The table above shows the result for the OLS model. According to the table, we can interpret that： a) When financial satisfaction increases by one unit, life satisfaction will increase by 0.515. b) When personal health increases by one unit, life satisfaction, on average, will increase by 0.505 when holding financial satisfaction constant. c) Comparing the age group “18-29,” life satisfaction , on average, will increase by 0.183 in the “30-49” group when holding financial satisfaction constant. Comparing the age group “18-29,” life satisfaction will increase by 0.302 in the “50-64” group holding financial satisfaction constant. Comparing the age group “18-29,” life satisfaction, on average, will increase by 0.466 in the “65+” group when holding financial satisfaction constant. d) Comparing the education group “HS degree or less,” life satisfaction, on average, will decrease by 0.027822 in the “Some Post HS education” when holding financial satisfaction constant Comparing the education group “HS degree or less,” life satisfaction, on average, will decrease by 0.089450 in the “BA/BS” group when holding financial satisfaction constant. Comparing the education group “HS degree or less,” life satisfaction, on average, will decrease by 0.082125 in the “Advanced Degree” group when holding financial satisfaction constant. e) Comparing the males, life satisfaction, on average, will increase by 0.066829 for females holding financial satisfaction constant. f) Comparing “Need to be very careful about trusting people,” life satisfaction, on average, will decrease by 0.024665 in the “Most People can be trusted” group when holding financial satisfaction constant.
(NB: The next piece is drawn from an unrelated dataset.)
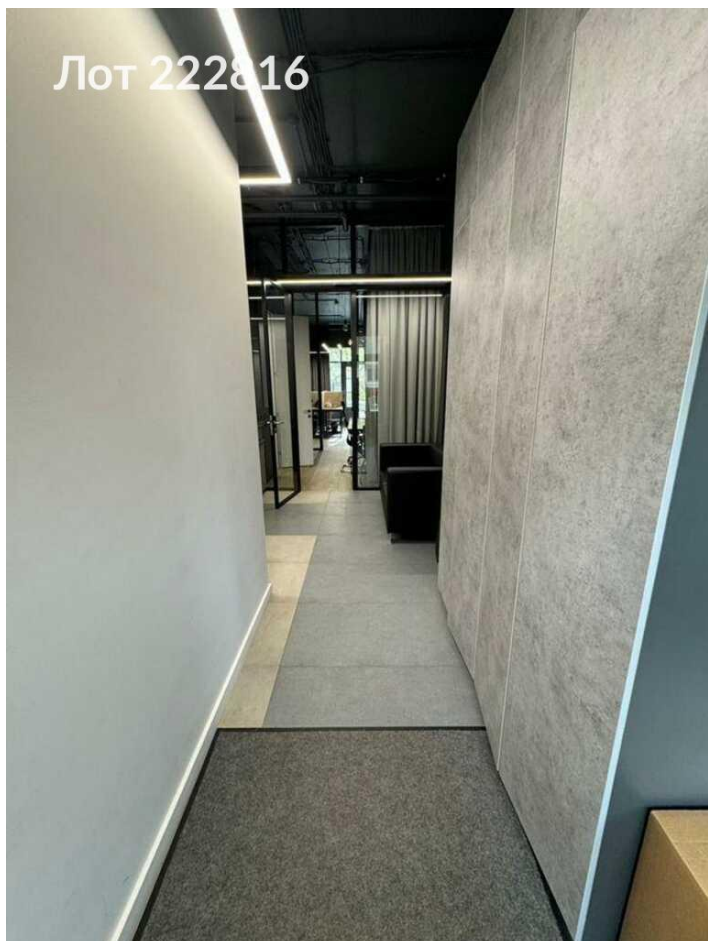

Лот 222816

Лот 222816

Лот 222816

Graphing Regression Results

personal_finances_one_term<- ggpredict(directional_hypothesis, terms=("personal_finances"))
print(personal_finances_one_term, n=Inf)

# Predicted values of life_satisfaction

personal_finances | Predicted |     95% CI
------------------------------------------
                1 |      4.05 | 3.94, 4.15
                2 |      4.56 | 4.47, 4.66
                3 |      5.08 | 4.99, 5.17
                4 |      5.59 | 5.51, 5.68
                5 |      6.11 | 6.02, 6.20
                6 |      6.62 | 6.54, 6.71
                7 |      7.14 | 7.05, 7.22
                8 |      7.65 | 7.57, 7.74
                9 |      8.17 | 8.08, 8.26
               10 |      8.68 | 8.59, 8.78

Adjusted for:
* personal_health = 3.75
*       age_group =    1
*       education =    1
*  biological_sex =    1
* trust_in_people =    1

personal_finances_three_term<- ggpredict(directional_hypothesis, terms=c("personal_finances","personal_health [5]", "age_group[1,4]"))
print(personal_finances_three_term, n=Inf)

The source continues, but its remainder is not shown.